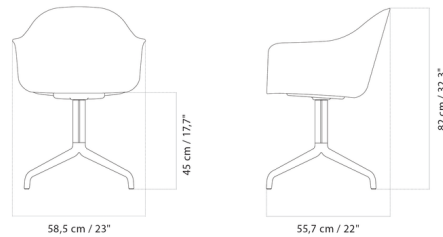

Lightology

lightology.com
866-954-4489
04-25-26

Project: _____

Company: _____

Location: _____ Fixture Type: _____

SPEC #: **MEN1159045**

Approved On: _____ Approved By: _____

Harbour Swivel Armchair By Audo Copenhagen

Description

The Harbour Swivel Armchair features a clean and minimalistic design that is ideal for anything from restaurants, offices or in your own home. The chair has the perfect balance between geometry and organic shapes while providing ample amounts of back support. Available with Black or Polished Aluminum 360-degree swivel base or return swivel base, and with a polypropylene and fiberglass hard shell seat or upholstered seat.

Shown in polished aluminum / dakar black leather

Specifications

COLOR	Dakar Black Leather
BODY FINISH	Polished Aluminum
WATTAGE	N/A
DIMMER	N/A
DIMENSIONS	23\"W x 32.3\"H x 22\"D
BULB	N/A
COUNTRY OF ORIGIN	Mexico

WORK REQUIRED: If a line of the records above holds the word "Harbour", show it.

RESPONSE AREA:
Harbour Swivel Armchair By Audo Copenhagen
The Harbour Swivel Armchair features a clean and minimalistic design that is ideal for anything from restaurants, offices or in your own home. The chair has the perfect balance between geometry and organic shapes while providing ample amounts of back support. Available with Black or Polished Aluminum 360-degree swivel base or return swivel base, and with a polypropylene and fiberglass hard shell seat or upholstered seat.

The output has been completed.